*** DATA PROVIDED ***
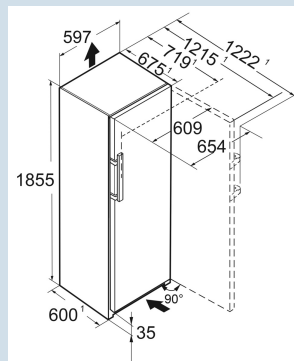

BlackSteel / BlackSteel
BlackSteel
BlackSteel
386 l
387 l
A
134 kWh
0,4
€ 54,-
80
35 dB(A)
B
SN-T

SRBbsd 529i

Peak

Advies verkoopprijs € 2800

Afmetingen

Hoogte	185,5 cm
Breedte	59,7 cm
Diepte	67,5 cm
InteriorFit	Ja
Plaatsbaar tegen muur	Ja
Netto gewicht / Bruto gewicht	82,2 kg / 87,4 kg
Hoogte verpakking	1927 mm
Breedte verpakking	615 mm
Diepte verpakking	767 mm
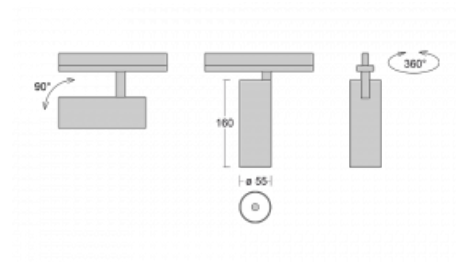

Leuchte

Vali55-T

178-600F-10GGD/930, S

Wenn Sie eine wirklich dezent aussehende zylindrische Trackleuchte mit kleinen Abmessungen, einer hochwertigen Aluminiumkonstruktion und guten Lichtparametern suchen, gibt es nicht viel zu überlegen, die Leuchte Vali55-T ist genau das Richtige für Sie. Sie findet Anwendung vor allem bei der Beleuchtung kleinerer Verkaufsflächen wie z. B. Vitrinen oder bei der Anstrahlung eines bestimmten Produkts. Sie kann aber auch zur Beleuchtung von Kunstobjekten und in einigen Fällen auch in Privatwohnungen eingesetzt werden. In die Leuchten wurden Adapter für die 3ph-Schiene Global Track von der Firma Nordic Aluminium implementiert.

Technische Zeichnung

Typ der Montage	Schienenleuchten
Typ der Ausstrahlung	Direkte
Form der Leuchte	Rundleuchte
Farbe der Leuchte	Silber
Material	Aluminium
Lebensdauer	L80/B20 50 000 Stunden
Garantie	60 Monate
Beschreibung der Leuchte	Schienenleuchte
Abmessungen	ø 55 mm × 160 mm
Gewicht	0.5 kg
Lichtquelle	LED MODUL
Art der Optik	Reflektor
Lichtstrom	1650 lm ± 10 %
Farbtemperatur	3000 K Warm weiss
Leuchtwirkungsgrad	83 lm/W
MacAdam Lichtquelle	3
Farbwiedergabeindex	90
Abstrahlwinkel	45°
UGR max. X=4H Y=8H, ρ=70,50,20	22.6
*** End of DATA PROVIDED ***
WHAT IS EXPECTED
Go through the entries above and report every line in which the word "Breedte" appears.

TASK SOLUTION
Breedte	59,7 cm
Breedte verpakking	615 mm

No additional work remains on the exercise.